If you ask more than a few IT Leaders what Infrastructure people do, it’s commonly, “Uh, update firmware, I guess? . . . OH! They do that VMware thing, or whatever it is.”

My point is that leaders don’t see Infrastructure or Infrastructure Engineers as a strategic part of the business. In fact, they are viewed as a Cost Center, or a “necessary evil”.

Why is That?

First of all, there’s some self-fulfilling prophecy going on there in the form of Infrastructure Engineers pigeon-holing themselves. I have spoken to more than a few Senior Infra Engineers who are perfectly happy with the mind-numbing monotony of things like . . . I don’t know, installing firmware manually; a thing that can be easily automated away, like with this one of countless examples.

Additionally, why else are Infra Engineers pigeon-holed?

  1. It’s mostly due to “traditional” infrastructure being viewed as a barrier to execution.
  2. Those barriers to execution are mostly due to an Infrastructure Skills Gap.

In order for me to drive this home, let me quote my sources.

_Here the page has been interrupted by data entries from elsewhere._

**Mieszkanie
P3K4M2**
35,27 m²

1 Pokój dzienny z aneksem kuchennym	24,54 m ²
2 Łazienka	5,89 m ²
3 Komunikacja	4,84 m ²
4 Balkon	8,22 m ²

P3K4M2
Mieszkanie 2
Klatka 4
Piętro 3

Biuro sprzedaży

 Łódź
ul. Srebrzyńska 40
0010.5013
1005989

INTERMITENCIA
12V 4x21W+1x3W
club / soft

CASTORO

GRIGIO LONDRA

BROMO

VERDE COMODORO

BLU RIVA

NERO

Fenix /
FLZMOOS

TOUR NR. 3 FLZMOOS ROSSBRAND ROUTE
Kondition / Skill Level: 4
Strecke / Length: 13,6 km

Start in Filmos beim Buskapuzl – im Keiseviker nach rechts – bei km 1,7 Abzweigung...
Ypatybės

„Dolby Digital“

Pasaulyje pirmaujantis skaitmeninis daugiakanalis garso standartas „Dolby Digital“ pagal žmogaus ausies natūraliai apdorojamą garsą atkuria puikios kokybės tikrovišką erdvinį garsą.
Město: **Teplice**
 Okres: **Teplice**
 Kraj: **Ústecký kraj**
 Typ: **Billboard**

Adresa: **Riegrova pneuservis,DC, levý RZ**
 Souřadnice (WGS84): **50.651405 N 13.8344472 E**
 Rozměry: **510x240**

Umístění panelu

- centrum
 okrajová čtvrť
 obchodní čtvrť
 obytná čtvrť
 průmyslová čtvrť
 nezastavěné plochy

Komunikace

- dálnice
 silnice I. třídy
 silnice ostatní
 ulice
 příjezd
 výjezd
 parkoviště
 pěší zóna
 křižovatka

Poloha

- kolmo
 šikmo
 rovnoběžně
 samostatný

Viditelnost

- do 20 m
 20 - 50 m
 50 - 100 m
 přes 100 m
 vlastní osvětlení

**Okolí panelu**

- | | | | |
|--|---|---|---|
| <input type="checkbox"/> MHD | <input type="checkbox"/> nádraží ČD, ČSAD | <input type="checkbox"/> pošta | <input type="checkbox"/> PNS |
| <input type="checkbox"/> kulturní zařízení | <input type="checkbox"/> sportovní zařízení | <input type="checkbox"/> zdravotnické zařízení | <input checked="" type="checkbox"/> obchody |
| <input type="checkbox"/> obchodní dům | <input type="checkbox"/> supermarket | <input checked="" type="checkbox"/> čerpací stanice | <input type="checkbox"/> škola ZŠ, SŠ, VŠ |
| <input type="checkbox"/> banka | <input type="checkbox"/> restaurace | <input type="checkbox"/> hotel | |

There are 3 of them:

The first is a report from the DevOps Institute about the Skills Gap in DevOps. Next, stop by the Atlassian DevOps Trends Survey. And, finally, take 13 minutes to look over this talk from AWS RE:Invent.

You can read/watch all of them if you want, but I am going to summarize the best parts below anyway because I wouldn’t be a good blogger if I didn’t.

From the Atlassian report, 85% of companies surveyed have barriers to executing DevOps projects. The top barrier is . . . **looks at notes** . . . lack of skills.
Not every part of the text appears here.